The second provision (titled the income provision) will affect a student that will be entering school starting in 2014.

As a part of the income provision the government caps student debt repayments, by adjusting for the income of your family and the size of your family.

This provision caps repayments to 10% of your take-home (after-tax) pay and it will forgive your debt if you do not pay after 20 years. There are also adjustments if your family is larger or smaller.

The Final provision buried in the healthcare bill is an increase in funding for Pell Grants. Students are eligible for pell grants if your family makes $50,000 a year or less. It will increase the funding base for these grants.

Students seeking more information on financial aid and student aid can check out the resources from St. John’s (http://www.stjohns.edu/services/financial) or the free website FinAid (http://www.finaid.org)

Thursday, March 18, 2010

Analyzing Bank fees

Hello and welcome to my new blog focusing on ways a college can improve their finances currently and ways they can improve their finances after graduation. This week I am going to focus on watching fees ranging from overdraft fees to atm fees that banks charge which most of the time are fairly easy to avoid.

First I am going to look at overdraft charges on Debit cards. Most banks allow (as of today) for customers to overdraw on their account charging a substantial fee.

For example, Bank of America will charge a $35 overdraft fee if you overdraw your account over $10 at the end of the business day (as a courtesy BofA does not charge the overdraft fee for ammounts under $10). Bank of America does give you a one time pass, called "stuff happens", on the overdraft fee. Also for every 5 consecutive days that your account is overdrawn BofA charges a $35 fee (on top of the inital fee). Overdrawing on your BofA account can be avoided by using their free overdraft protection that will tap a credit card if you overdraw, avoiding any fees.

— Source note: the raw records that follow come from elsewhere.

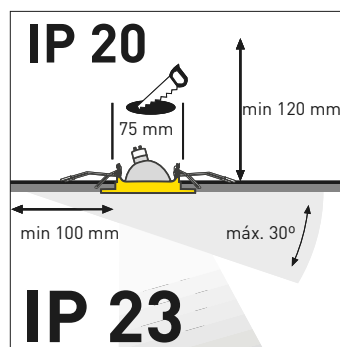

**EASY  
CLIP**

**cromo**

Ref: 650 R 106

## leira

aplique empotrable sin bombilla.

- Cromado.
- Extracción de bombillas.
- Easy clip: fácil colocación.

## ESPECIFICACIONES TÉCNICAS

IP exterior: 23

IP interior: 20

Voltaje: 220-240 V.

Ángulo: 90°.

Dimensiones:  $\varnothing$  84 mm.
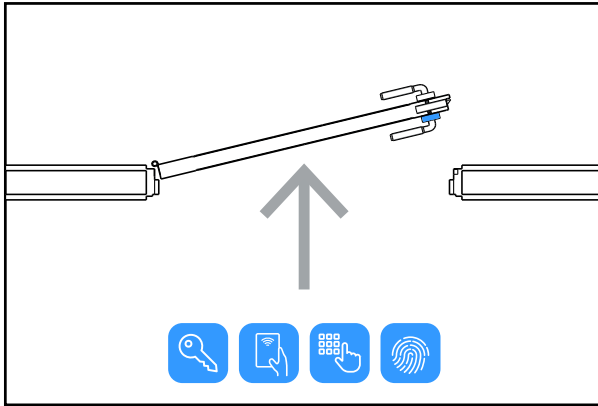

Specificatii

- Tip carduri/tag: HLC-M-K, HLC-M-K(TAG)
MF 13.56 MHz
- Capacitate utilizatori: 250 (9 master, 241 utilizatori)
- Modalitati de activare: Manere, cilindru cu cheie si buton deblocare interior
- Modalitati de operare: Aplicatie mobila, PIN, card
- Mod de programare: Tastatura + aplicatie mobila
- Directia de deschidere: Stanga / Dreapta (consultati schema de la pag. urmatoare)
- Finisaj: Inox satinat
- Tip cuplaj maner-broasca: Electromecanic, in broasca
- Material: Inox 304
- Grosime usa: 40 mm
- Alimentare: 4 baterii AAA
- Consum stand-by: 12 uA
- Temperatura functionare: -10°C ~ +60°C
- Umiditate relativa max.: 20% ~ 80%
- Dimensiune shield: 280(H) x 47(L) x 24(A) mm
- Dimensiune broasca: 234(H) x 85(L) x 16(A) mm
- Masa bruta: 2.58 kg

Parti si functii

Dimensiuni shield

*Nota: functia de deblocare prin amprenta este optionala si este disponibila la comanda speciala.

YLI ETERNIT ACCES srl
 A.: HAIDUCULUI 3A, CLUJ-NAPOCA
 T.: +40 264 484989
 W.: www.yli.ro

DLK-929SS-6M (V2)
 Incuietoare all-in-one pentru Apart - Hotel
FISA TEHNICIA

Alegerea tipului de incuietoare (stanga/dreapta)

Desemnarea unei usi ca avand deschidere catre stanga sau catre dreapta nu e suficienta in situatiile cand incuietoarea include cititor de card/amprente/cod sau are orificiu pt cheie pe o singura latura. In aceste situatii e important de stabilit si daca, privind dinspre latura cu card/cod/amprenta/cheie, usa se impinge (swing in) sau se trage (swing out) pt a fi deschisa.

Swing In Left / Impins Stanga **(IL)**

Swing In Right / Impins Dreapta **(IR)**

Swing Out Left / Tras Stanga **(OL)**

Swing Out Right / Tras Dreapta **(OR)**

**Nota: DLK-929SS-6M-L potrivit pentru usi cu deschidere IL/OL
 DLK-929SS-6M-R potrivit pentru usi cu deschidere IR/OR**
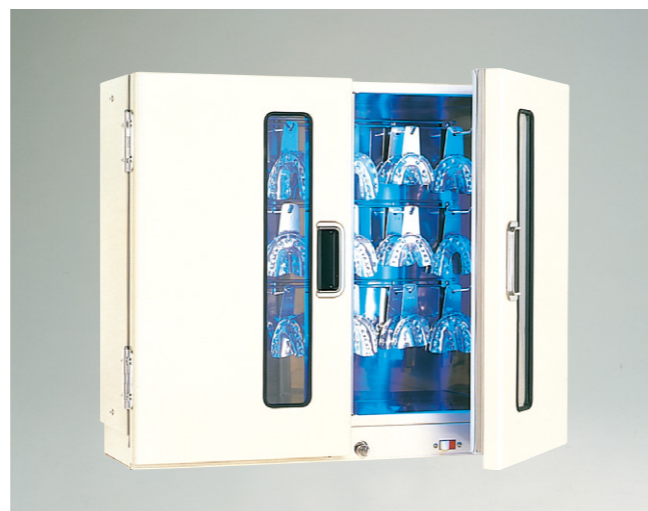

P-S ニュースペシャル・トレー用
●フック18本、フックの長さ(80mm)
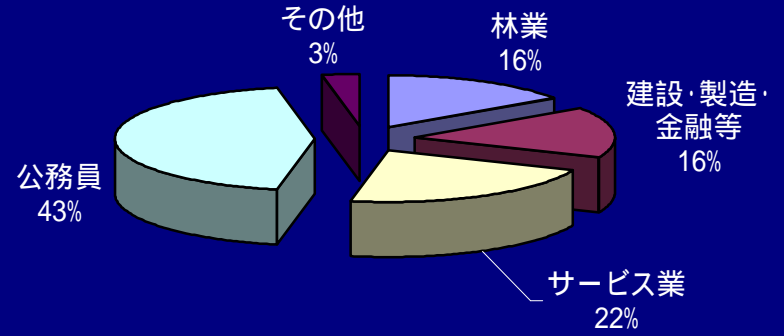

王滝村消防団 団員職種別構成表

本部(16名)

第1分団(32名)

第2分団(33名)

団全体(81名)
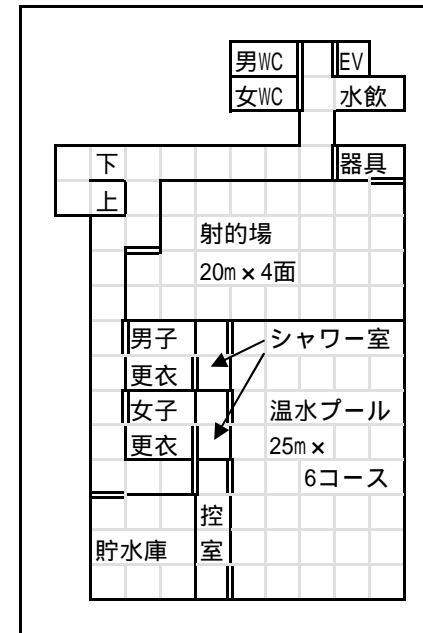

光の学級日誌 ~ 闇照らすボクラ ~
校内見取り図

学級数

中等部：各学年7学級（定員30名）

高等部：各学年8学級（定員35名）

生徒数

中等部：630名

高等部：840名

総計：1470名

地下2階

As harsh as BofA sounds, it is not as bad as the competition. JPMorgan Chase for example charges what seems to be a low $25 overdraft fee, but it is applied if you even go $0.01 over, unlike the $10 buffer BofA gives you. After you overdraw once the fee goes up to $32, and after five times it goes right up to $35. In addition JPMorgan Chase allows you to tap a credit card for overdraft protection, but they charge a $10 fee for this service (compared to no fee for BofA) and JPMorgan Chase does not give you a "stuff happens" pass like BofA. Overall the $10 buffer zone that BofA offers and the "stuff happens" pass leads me to favor BofA over JPMorgan Chase based on overdraft fees.

Looking at ATM fees its important to realize that their are almost always multiple fees when you use an ATM other than your bank's. For exapmle if you walk into mcdonalds, odds are they have one of the 99 cent Select-A-Branch ATM's, the 99 cent promotion is somewhat true, but mostly false. When you withdraw $20 from a Select-A-Branch ATM, Select-A-Branch goes and withdraws $21 (in this case) from your bank account for the $20 + $1 fee. However Bank of America sees that you used an ATM other than their own and they charge a $2 fee ($5 if international), so you are in effect paying a $3 fee in this case.

Now if you are banking with JPMorgan Chase they charge a $2 fee just like BofA. So in the category of ATM fees, BofA and Chase are a tie in my book since both of them have the same fees.

Ways of getting around some of these fees (espescially the ATM fee) is downloading (if you have a blackberry or iphone)the respective smart phone apps that the banks put out. These apps allow you to click and see exactley where in the area the bank's ATM's are (and for BofA no need to enter an address, since it uses your phone's gps).

Overall be cognescent of you banks fees, considering they are 99% of the time easy to avoid and can save you a good deal of money over the long term.